What Is The Difference Between HP and PCP Car Finance Agreements?


Of all the different types of car finance available out there today, HP and PCP finance agreements are probably the most well known. But do you know the difference between the two? There are, in fact, quite a lot of significant distinctions between a hire purchase (HP) and a personal contract plan (PCP) agreement. So it’s worth reading on and finding out those extra details to see exactly what each deal involves.

This guide is here to help you understand what the big differences are between Hire Purchase and Personal Contrac Purchase car finance deals and why you may want to choose one over the other, depending on what your current circumstances are.

How do Personal Contract Purchase (PCP) And Hire Purchase (HP) Agreements Work?

Car Leasing

Whenever you use a finance company to buy a car from a dealer, you are essentially borrowing money from a lender. At the beginning of both of these agreements, you pay a portion of the cost which is used as a deposit against the loan.

Entering into an HP car finance deal, you borrow the remaining amount of money needed to pay for the car after you have put the deposit down. After that, the balance continues to be paid off for an agreed length of time which can be anywhere from 1 to 5 years.

The amount of money you pay upfront as the deposit and how many years you pay off the finance will have an impact on how much your monthly payments will be, plus the added interest on top. The interest is presented as an APR figure, although with many HP agreements the car dealer suspends or does away with the APR as an incentive to purchase the car.

Once you have made all of your monthly payments and the HP deal is coming to an end, you will have paid off almost the full price of the car. This also includes the interest and purchase fees you may have accrued throughout the agreement. The vehicle then legally becomes yours.

PCP agreements are a bit different from how an HP contract works. With a PCP you borrow a lot less as it’s only a small portion of what the cost of the car is. The initial deposit you put down will influence how much has to be paid off each month. The difference with a PCP is that this value is offset by what the finance company thinks the car will end up being worth once the agreement is over. This is a crucial point because it makes monthly PCP payments on a car much lower than the average monthly payments involved in an HP agreement.

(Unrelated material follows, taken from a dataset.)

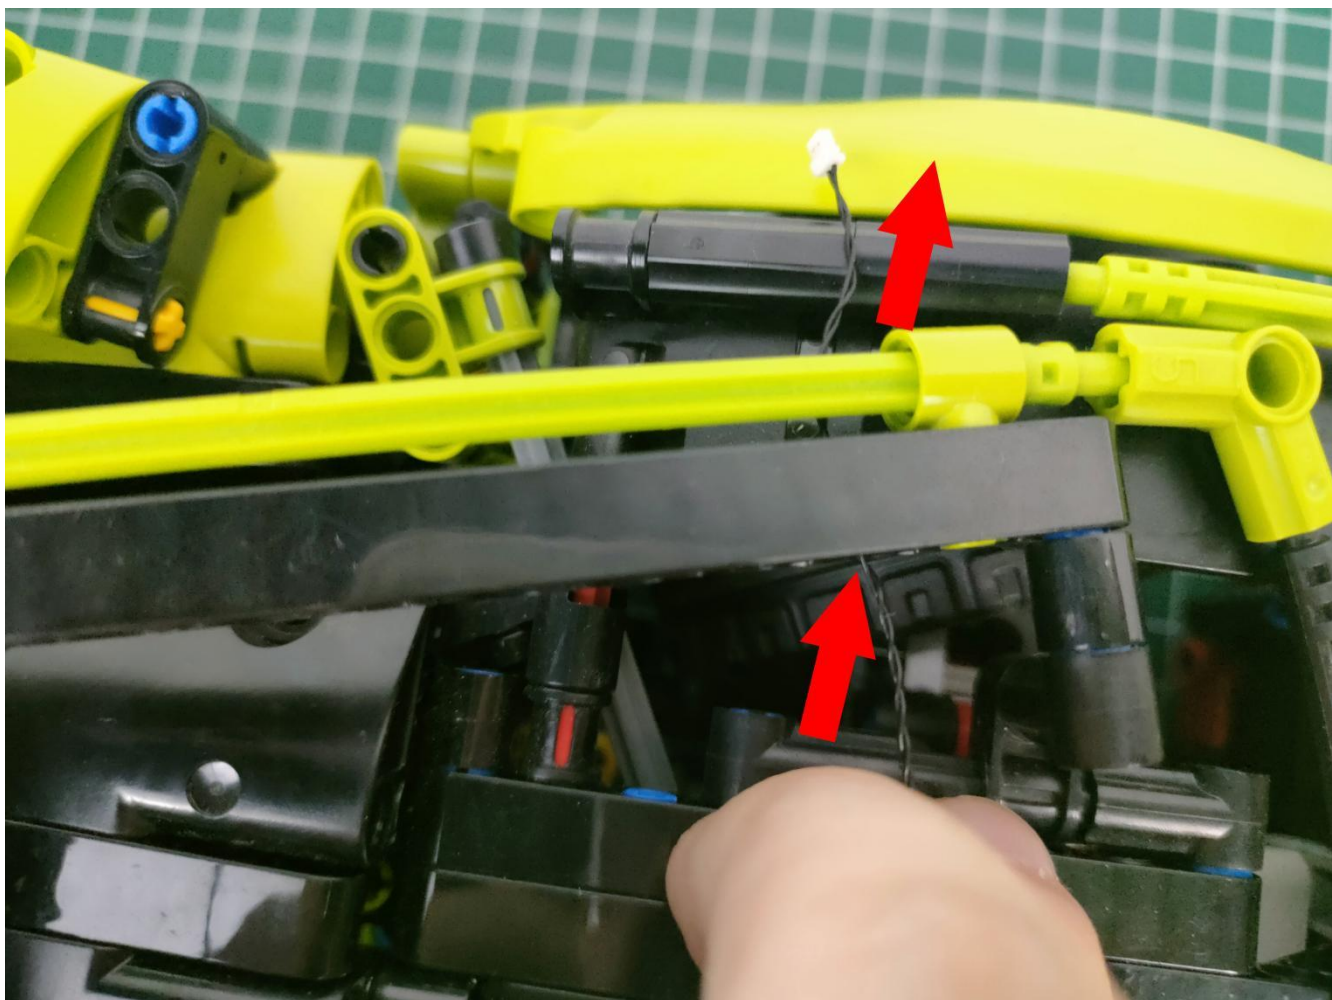

Take out the accessories inside (accessories include: AA battery box, 50cm USB power cord). The following power supply methods use mobile power, equipped with a USB power cord, and the battery box (battery self-supplied) can be used by yourself.

Take out the AA battery box.

Install 3 AA batteries (note the positive and negative poles).

The lighting shines normally (if the lighting does not work properly, please contact us in time).

Return to the front position of the building block assembly.

A PCP deal is built around one figure, which is referred to as the guaranteed minimum future value (GMFV). Depending on the car, this can vary greatly and sometimes there are vast differences because of engine choices and trim levels of some models in the same car range. During a PCP you are borrowing the difference between the GMFV and the price of the new car, minus the amount of deposit you’ve put down. Similar to an HP, the final amount then gets split across a set period of time on a payment schedule. The average time for a PCP agreement is anywhere between 1 to 2 years.

One of the most significant differences between the two car finance options is that with a PCP, by the time the agreement has ended you won’t have paid the total cost of the car. There will still be the GMFV left outstanding, meaning you won’t own them outright. If you would like to buy the car, you have to pay the final balloon payment, which can be quite a large sum of money.

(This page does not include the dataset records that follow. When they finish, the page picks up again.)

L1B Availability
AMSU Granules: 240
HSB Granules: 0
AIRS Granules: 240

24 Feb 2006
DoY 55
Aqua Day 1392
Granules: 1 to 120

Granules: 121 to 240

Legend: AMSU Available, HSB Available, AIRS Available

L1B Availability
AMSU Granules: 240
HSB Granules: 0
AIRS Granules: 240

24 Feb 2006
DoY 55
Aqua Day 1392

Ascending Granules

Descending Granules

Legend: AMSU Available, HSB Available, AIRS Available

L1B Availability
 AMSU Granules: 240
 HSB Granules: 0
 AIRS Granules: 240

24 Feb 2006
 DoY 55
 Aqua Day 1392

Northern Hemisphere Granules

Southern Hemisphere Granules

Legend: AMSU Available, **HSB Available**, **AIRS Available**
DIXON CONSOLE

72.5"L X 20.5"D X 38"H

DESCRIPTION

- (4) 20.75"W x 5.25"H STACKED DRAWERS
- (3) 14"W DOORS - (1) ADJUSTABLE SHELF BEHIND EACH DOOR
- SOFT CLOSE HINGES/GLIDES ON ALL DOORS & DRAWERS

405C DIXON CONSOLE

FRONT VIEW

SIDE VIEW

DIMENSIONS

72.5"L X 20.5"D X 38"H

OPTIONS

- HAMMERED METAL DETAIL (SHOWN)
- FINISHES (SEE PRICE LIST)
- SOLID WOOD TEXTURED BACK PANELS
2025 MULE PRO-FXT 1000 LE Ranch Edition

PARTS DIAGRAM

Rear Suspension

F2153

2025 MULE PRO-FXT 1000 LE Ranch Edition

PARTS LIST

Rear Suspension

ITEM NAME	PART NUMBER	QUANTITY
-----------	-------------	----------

Which one is cheaper? Hire Purchase Or Personal Contract Purchase?

We all want to find the best deal, and when it comes to car finance, we want to know which one will work out cheaper. Overall an HP will work out less expensive if you’re going to own the car at the end. However, if you know you want to own the vehicle at the end, it may be worth checking out a loan from the bank because the interest rates may be lower and you can hold the car right away.

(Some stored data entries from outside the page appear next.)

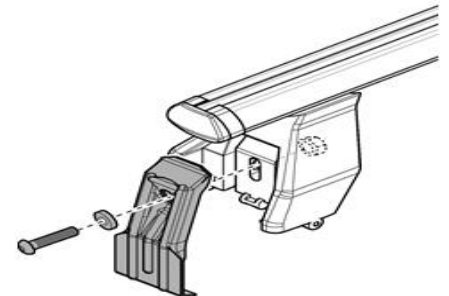

51R
2X

⊕ M6x12 include - included

REAR

Rear
y

1
2X

MANUFACTURER	MODEL CAR	DOORS	MODEL YEAR	A1	A2	A1	A2
				cm	cm	in	in
SEAT	Ibiza V	5	17>		44		17,3

X = predisposizione originale /original arrangement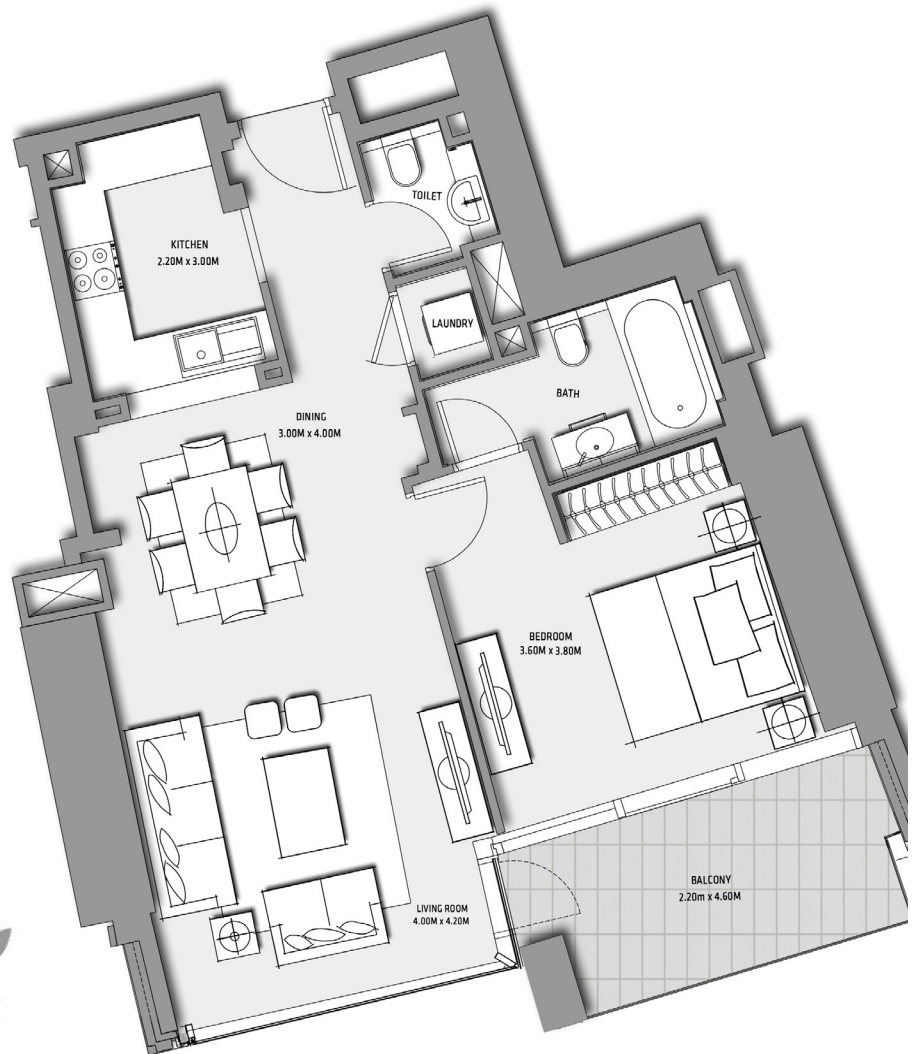

برج فيستا
BURJ VISTA

FLOOR PLAN
Tower 1

1 BEDROOM

TOWER 1

LEVEL 03

UNIT 05

Burj Khalifa

SUITE AREA:
BALCONY AREA:

71.15 SQ.M (766 SQ.FT)
10.57 SQ.M (114 SQ.FT)

TOTAL AREA:

81.72 SQ.M (880 SQ.FT)

2 BEDROOMS

TOWER 1

LEVEL 03

UNIT 06

SUITE AREA:

BALCONY AREA:

TOTAL AREA:

131.75 SQ.M (1418 SQ.FT)

21.19 SQ.M (228 SQ.FT)

152.94 SQ.M (1646 SQ.FT)

1 BEDROOM

TOWER 1

LEVEL 03

UNIT 07

Burj Khalifa

SUITE AREA:
BALCONY AREA:

71.9 SQ.M (774 SQ.FT)
10.44 SQ.M (112 SQ.FT)

TOTAL AREA:

82.34 SQ.M (886 SQ.FT)

3 BEDROOMS

TOWER 1

When it comes to making the monthly repayments, a PCP contract is much more affordable with lower amounts of money being needed. This is until you have to make the balloon payment at the end, without which you won’t own the car. But the plus is that you won’t have to fork out every month, and you can hand the vehicle back at the end of the agreement and enter into a new PCP with no problems.

What are the advantages of HP over PCP?

Car Hire Purchase Finance Guide

For an HP agreement, it’s all about ease and simplicity. You go to buy a car, the lender will calculate the repayments over the period you choose, and they get their money off the interest. Once the term is over, you then own the car. If you know you will want to own that car and keep it for longer than 3 to 5 years later having an HP makes a lot of sense.

With a PCP, it’s the low monthly payments that are the big attraction. These smaller amounts mean that higher-end cars are much more accessible while making it easier to budget for them. You can swap the car at the end of the contract, and if you do this, you don’t have to worry about paying a large lump sum for the balloon payment or owning a car that’s no longer under warranty.

But are there disadvantages of Hire Purchase?

Car Repossession

Taking out an HP means that the loan amount is completely secured against the vehicle. Missing any of your monthly instalments will result in a very high risk of the car being repossessed by the finance company. Because of this, you have to make sure you can afford all of the repayments each month, and there is a contingency plan in place in case things go wrong. The repayment terms can often be for more extended periods as well, usually spanning for five years instead of three.

The most significant disadvantage of a PCP is the risk of getting caught in a cycle that is difficult to get out of. If you cannot afford to make the balloon payment at the end of the contract, then you have to be prepared to give the car back. This means you come out of the deal empty-handed, with the only option being entering again into another PCP. There are generally excess mileage and car damage charges incurred as well, which have to be paid before the agreement is over.